Марина Андреева – Руками не трогать, или как я стала богиней домашнего очага! (страница 12)
— Лучше, — сказал он. Одно слово.
Он поднялся, вышел, не сказав больше ничего. Дверь закрылась.
Я осталась одна. Вдохнула. Воздух пах теперь по-другому. Воском, кожей, чистотой. Не харчевней.
Вечером я мыла пол на кухне. Тряпка шлепала по камням, вода была жирной и теплой. Из-за стены, из коридора, ведущего в горницу, донеслись голоса. Не обычный гвалт. Мужской голос, низкий: «...разорился, что ли?» Женский смех в ответ. Звон стекла о стекло — не глиняных кружек, а тонкого, хрустального. Тихий, довольный говор.
Тряпка замерла в руке. Я прислушалась. Не слышно было требований, ругани. Слышно было, как льется вино.
Позже Горм вошел на кухню. Его лицо было красным, но не от злости. От чего-то другого. Он сунул мне в руку кожаный мешочек, не глядя. Мешочек был тяжелым, туго набитым.
— Держи.
Он повернулся уходить.
— Заказ... — начала я.
— Второй графин заказали, — бросил он через плечо. — И торт какой-то с орехами. Спрашивали, кто тут уголки вылизывал.
Он скрылся за дверью.
Я развязала шнурок. Внутри блеснуло серебро. Много. Не пять монет. Восемь, девять, десять... Счет потерялся. Просто тяжелая, холодная горсть.

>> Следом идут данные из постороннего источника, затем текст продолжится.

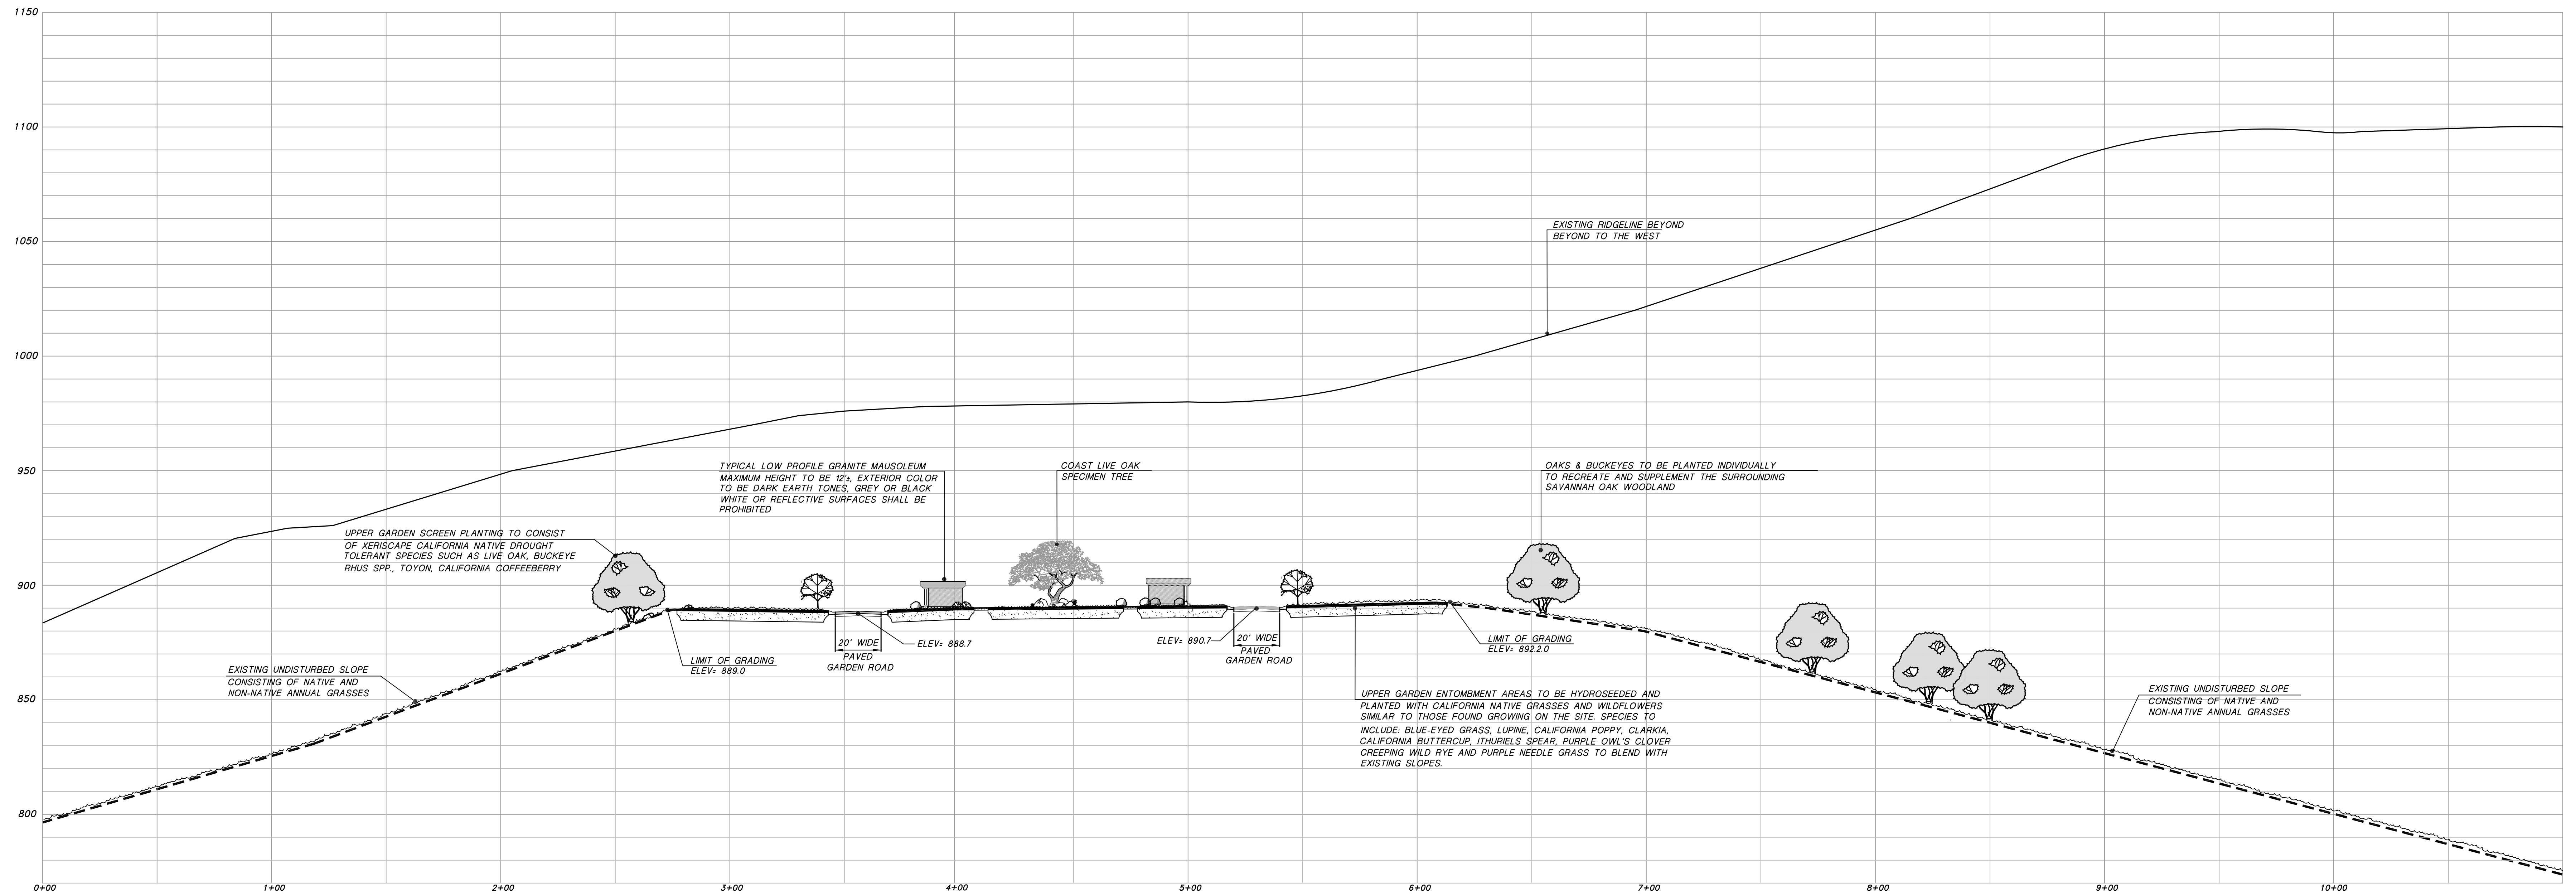

# CREEKSIDE MEMORIAL PARK

TASSAJARA VALLEY, CONTRA COSTA COUNTY, CALIFORNIA

## PLAN & SECTION / ELEVATION

July 18, 2014

**CROSS SECTION D - D (SECTION LOOKING WEST)**

H & V SCALE: 1"=30'

**PLAN VIEW & KEY TO SECTIONS**

SCALE: 1" = 300'

**PA Design Resources, Inc.**  
Planning ■ Engineering ■ Surveying
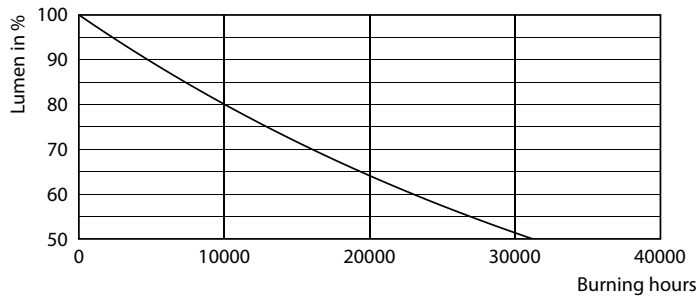

## Lifetime

LEDtube 15K FailureRate

LEDtube 15K

LEDtube 15K LumenVsTc

LEDtube 15K LifetimeVsTc

LEDtube 15K

В это время из общего зала вышел он. Эрвин. Встал у выхода, поправил манжет. Его взгляд скользнул по кухне, нашел меня. Остановился. Не на лице. На мешочке в моей руке. Потом поднялся на мое лицо.
Он не улыбнулся. Не нахмурился. Просто смотрел. Как смотрят на неожиданный результат сложного уравнения. Интересно. Без эмоций.
Потом кивнул. Один раз. Сухо. Развернулся и ушел в ночь.
«Блестяще, Светлоручка, — прокомментировал мой внутренний голос. — Сначала ты поработила существо, питающееся пылью. Теперь покорила желудки и кошельки в харчевне. Скоро, глядишь, и этот ходячий устав удастся расшевелить. Хотя бы до кивка с полуулыбкой».
Я зажала мешочек в кулаке. Монеты впились в кожу, оставили следы. С одной стороны — тепло серебра, запах кожи и вина из горницы. С другой — холод его взгляда, запах чернил и порядок.
Оба были реальны. Оба теперь были частью этого мира. Моего мира.
ГЛАВА 5. РАСПРОСТРАНЕНИЕ СЛУХОВ
Ключ в кармане упирается в бедро. Я иду, считаю шаги: семь, восемь, девять. Плиты под ногами холодные, шершавые, но по краям уже лежит пыль — свежая, серая. Её не было вчера.
Слева, у стеллажа с грифельными досками, стоят двое. Молодые. Один что-то чертит пальцем в воздухе, второй слушает, кивает. Мой сапог скрипит. Они оборачиваются вместе. Взгляды — быстрые, любопытные — цепляются за мою куртку, за джинсы, за лицо. Не отводятся. Один, с веснушками, приоткрывает рот, словно хочет что-то сказать. Его товарищ бьёт его локтем по ребрам. Веснушчатый захлёбывается, отворачивается, делает вид, что чистит ноготь. Второй смотрит мимо меня, в стену. Тишина между ними становится густой, неловкой. Я прохожу. За спиной слышу подавленный, шипящий выдох. Потом тихий, взрывной смешок. Щёки начинают гореть, будто по ним провели наждаком.
Впереди, у низкой дубовой двери в подсобку, стоит Магда. Она не работает. Руки у неё свободны, висят вдоль тела. Она смотрит на меня, не мигая. Её глаза — узкие щёлочки в морщинистом лице.
— Слышала, ты особенная, — говорит она. Голос негромкий, но каждое слово падает отдельно, как камень в лужу. — Дворянка.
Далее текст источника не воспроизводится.